Ich habe mich gefreut, dass ich mein Englisch wieder ein bisschen aufpolieren kann, aber es kam dann viel mehr heraus als nur ein bisschen aufpoliertes Englisch. Ich habe gemerkt, dass sie von der Bibel überhaupt nichts wussten, kaum eine biblische Geschichte kannten. Damals war es bei unseren Schülern noch anders, die wussten noch etwas vom Zachäus, die Amerikaner wussten nichts. Heute ist es auch bei uns manchmal düster geworden bei unseren Schülern.
Da habe ich einfach angefangen, biblische Geschichten zu erzählen. Und mit einem Mal sagt die Linda Zeyer so ganz trocken vor sich hin einen Satz, den ich für den grandiosesten theologischen Satz halte, den ich je gehört habe: „Everything builds up to the point that Jesus will be important alone.“
Das strebt ja alles darauf hin, dass bloß noch Jesus wichtig ist. Das hat erkannt, dass da Linien in der Bibel sind, ein Gefälle hin zu Jesus.

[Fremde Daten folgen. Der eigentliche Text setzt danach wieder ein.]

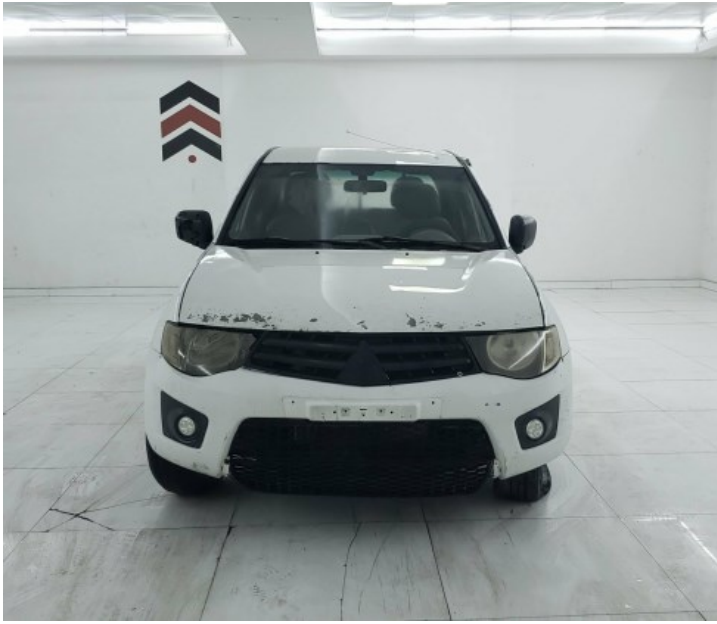

TEST CERTIFICATE

Site Number	840-Emirates Auctions	Transaction Date	28 Jul 2022, 18:09:18
Transaction Number	37043992 (CC10006)	Queue Number	312309

Chassis Number	MMBJNKA40CD051216
Engine Number	
Vehicle Class	Heavy
Manufacturer	Mitsubishi
Model	
Model Year	2012
Color	White
Mileage	001 Km
Fuel Type	Diesel
No. Of Cylinders	4
Specification	GCC Specification

DEFECT	REMARKS	
07 Lights		الاضاءة
07.A Brake Light	LEFT SIDE MISSING	نور الفرامل
07.B Other	ALL LIGHTS NOT CHECK	اخرى
07.C Head Light	LENS FADED & CRACKED	الاضاءة الرئيسية
08 Body		جسم المركبة
08.A Paint	BODY PORTION REPAINTED,PORTION REPAIRED,MINOR DENT,SCRATCHES & PORTION FADED , RUSTY	الصبغ
09 Tires and Rims Condition		الاطارات
09.A Front Tyre	BOTH SIDE 2018 CRACKED & WORN OUT	الاطار الامامي
09.B Rear Tyre	BOTH SIDE 2021	الاطار الخلفي
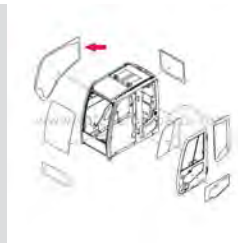

4651655 Excavator Boom Side Windowpane

- Tempered Safety Glass
- Green Tint
- DOT Certified
- Fits Deere excavator models 120D,...
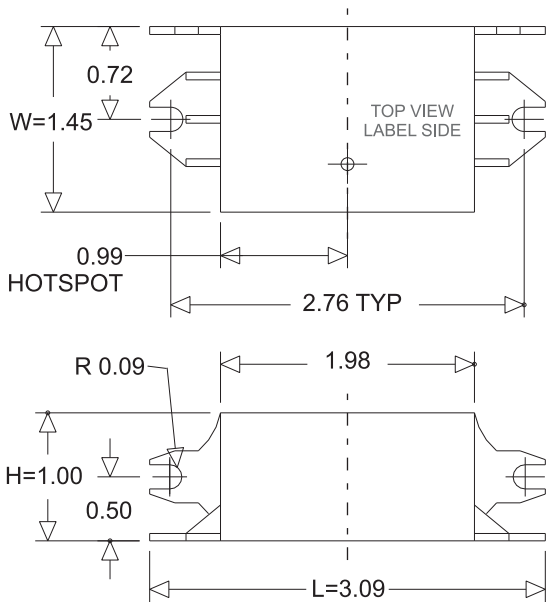

## Rapid Start Fluorescent Ballast

- High Frequency Electronic Ballast
- Input Voltage: 230VAC, 60Hz
- Rapid Start
- cULus Listed, Class P

This Ballast Will Operate Following Lamps:

180mm T5 UV / 287mm T5 UV

## Electrical Data

Lamp Wattage / Type	Lamps Operated	Input Wattage	Line Current	Power Factor	Ballast Factor	Efficacy Factor	THD	Current Crest Factor
180mm T5 UV	1	11.40	0.096	0.522	0.842	7.390	157.7%	<1.7
287mm T5 UV	1	15.77	0.136	0.501	0.939	5.950	165.6%	<1.7

## Mechanical Data

Where : L = Length, W = Width, H = Height
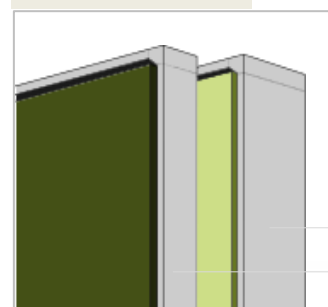

CREATE YOUR VERY OWN DYNAMIC WORKPLACE

Variation of panel heights and tiles provides the flexibility in creating a dynamic workplace.
 Selections from seated to standing privacy.
 PRESENCE series goes beyond the basic requirements and adapts to workers' satisfaction at a higher level..

FABRIC TILES

Width – 600, 700, 800, 900, 1000, 1200, 1400, 1500, 1600mm
 Height – 730, 1030, 1230, 1530, 1730mm

HANGING TILES

Width – 600 – 1600mm
 Height – 300mm

GLASS TILES

Width – 600, 700, 800, 900, 1000, 1200, 1400, 1500, 1600mm
 Height – 200 – 700mm

METAL TILES

Width – 600, 700, 800, 900, 1000, 1200, 1400, 1500, 1600mm
 Height – 200 – 700mm

PANEL THICKNESS

80mm
 *40mm

* Not suitable for cabling

PANEL HEIGHTS

Height – 730, 1030, 1230, 1530, 1730mm

Work Surface Colour Option

Die Sehnsucht nach dem Einen, der die Welt verändert
Es ist für uns Menschen wichtig, dass die Bibel auf diesen einen Jesus hinweist. Denn es ist ganz eigenartig, welche Rasse wir haben oder welche Hautfarbe. Wer ein menschliches Angesicht trägt und sich ein wenig Gedanken macht, wartet eigentlich immer auf den einen Menschen, der klüger ist als alle anderen, die bisher versucht haben, mit der Not der Welt fertig zu werden.
Man wartet darauf, dass endlich der Mensch kommt, der sich mit seinen Lösungsvorschlägen besser durchsetzen kann als alle, die sich bemüht haben, diese Welt zu verändern. Jeder, der nachdenkt, wartet auf diese eine Gestalt. Sie wird doch endlich einmal kommen, die mehr Kraft hat, in dieser Welt etwas anders zu machen als alle, die es bisher versucht haben.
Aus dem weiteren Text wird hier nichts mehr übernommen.